Moore’s investigation into CTNN began in 2016 with an anonymous tip about the business. The agent testified that the tip was buttressed by the fact that Taffaro had fallen behind on paying his taxes for years.

By the end of the investigation, Moore concluded in a report that both Taffaro and Normand had secured a “no work” contract to broker food sales from Pelican Marine to Harvey Gulf. He thought there was no way that Taffaro needed to spend thousands every year to keep the business healthy.

“Once they put (the two companies) together, they were getting paid.

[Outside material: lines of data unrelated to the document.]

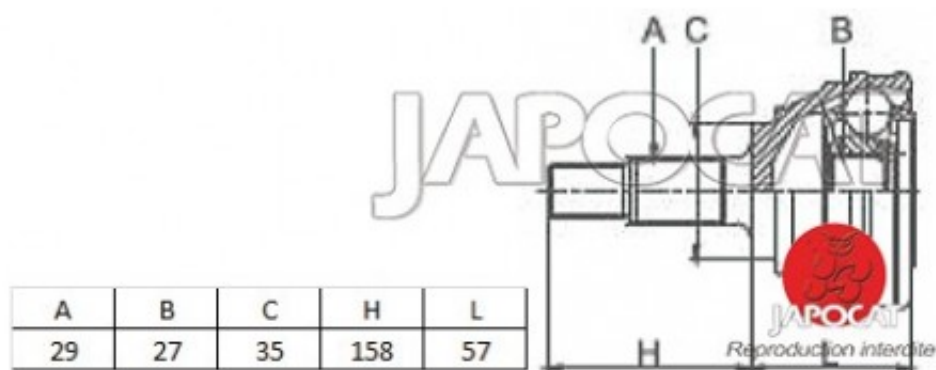

## Fiche produit détaillée

Article : JOINT HOMOCINETIQUE / TETE de CARDAN

Aucune  
image  
disponible

**Summary** Ext: 29 cannelures / Int: 27 cannelures - Sans bague ABS  
De 07/1980 à 10/1984

**Pricelist**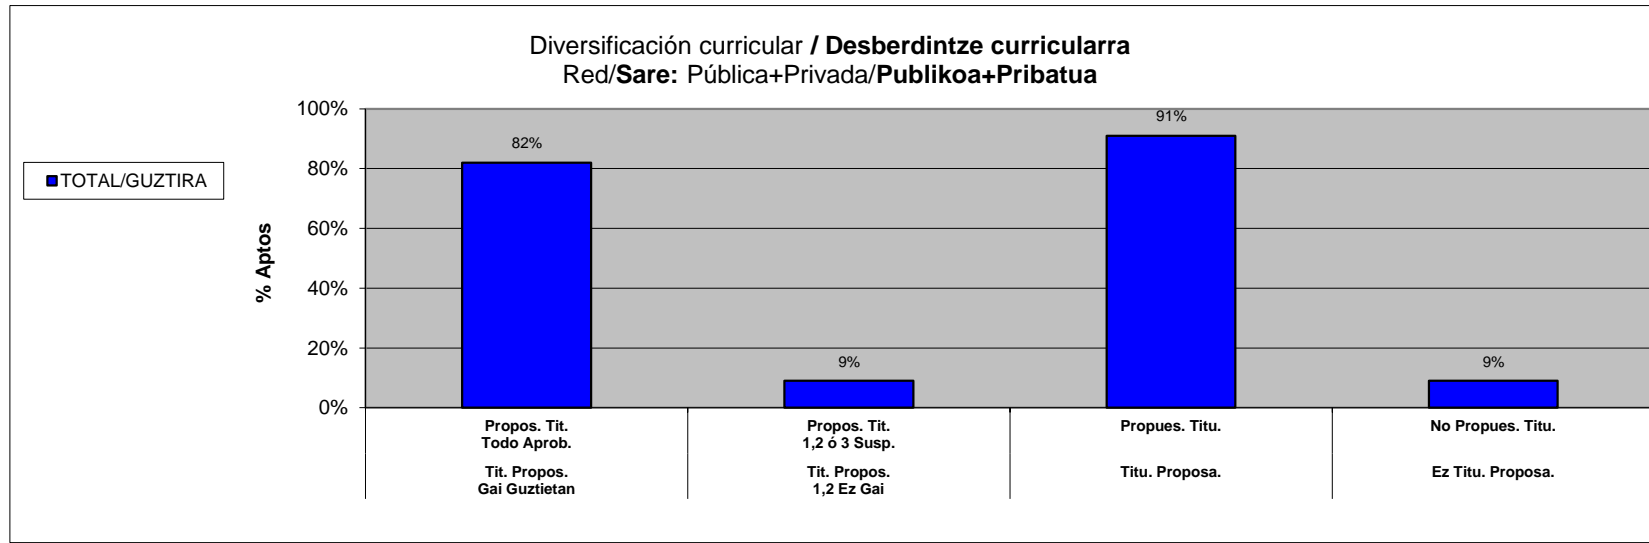

**ESTADÍSTICA CALIFICACIONES FINALES / AZKEN KALIFIKAZIOEN ESTADISTIKA**

**CURSO / IKASTURTEA: 14-15**

**Araba+Bizkaia+Gipuzkoa**

Red/Sare: Pública+Privada/**Publikoa+Pribatua**

		Tit. Propos. Gai Guztietan Propos. Tit. Todo Aprob.	Tit. Propos. 1,2 Ez Gai Propos. Tit. 1,2 ó 3 Susp.	Titu. Proposa. Propues. Titu.	Ez Titu. Proposa. No Propues. Titu.
Diversificación		Nº total de alumnos / <b>Ikasleen guztizko kopurua =</b> 999			
Desberdintzea TOTAL/GUztIRA	Alum./Ikas.	823	151	910	89
	%	<b>82%</b>	<b>9%</b>	<b>91%</b>	<b>9%</b>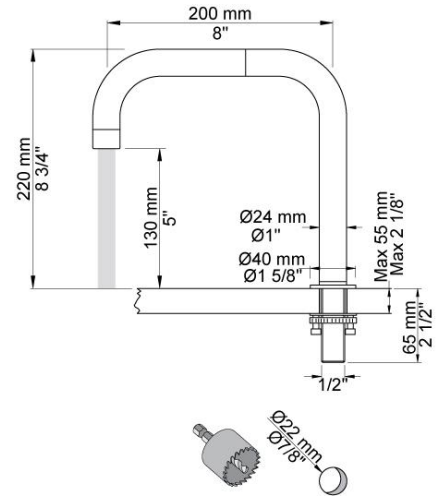

--

Fecha:
Cliente:
Proyecto:

PSB Singapore

SC5

Mezclador monomando 2500 con caño giratorio doble 090D.

Flujo

	Bar:	1,0	2,0	3,0	4,0	5,0
SC5	(l/min)	10,4	14,7	18,0	20,8	23,2

Disponible en colores

090D
 Caño giratorio doble.
 Altura de 220 mm.
 Orificio caño: 22 mm.

2500
 Mezclador monomando sobre encimera para caudal alto.

It did not require any additional work,” Moore said.

Moore, in his final report on CTNN, seemed skeptical of what the two men did to earn the roughly $57,000 apiece the business brought them each year — money on top of their salaries at the Sheriff’s Office, where Normand earned $176,000 and Taffaro $134,000.

“No one can give an account of what, if anything, Taffaro and Normand do to earn the money received,” Moore said in his report, according to testimony Wednesday.

Yet Magner bristled at the suggestion that CTNN did not require the men’s frequent attention. He repeatedly pointed to an interview that Normand gave to federal investigators, in which the former sheriff ticked off efforts the two men made to mediate disputes between their business partners.

Normand testified Monday that the two men wrestled with restive boat captains, late shipments and spoiled food. Moore said he included Normand’s statement as an appendix to his report. 

Meanwhile, Shawn Guidry, the former chief operating officer for Harvey Gulf, testified Tuesday that he dealt directly with Pelican Marine when he had problems, rather than seeking help from CTNN.

Although much of Normand’s testimony Monday supported Taffaro’s claims that CTNN required actual work, Moore said the sheriff was incredulous when federal agents told him about Taffaro’s expenses.

In a June 2016 interview, those agents told Normand that his business partner was claiming a full 93 percent of his CTNN income as expenses.

“I don’t know how you expense 93 percent of your income,” Normand said, according to Moore. “No way. No how. Ain’t no freakin’ way.”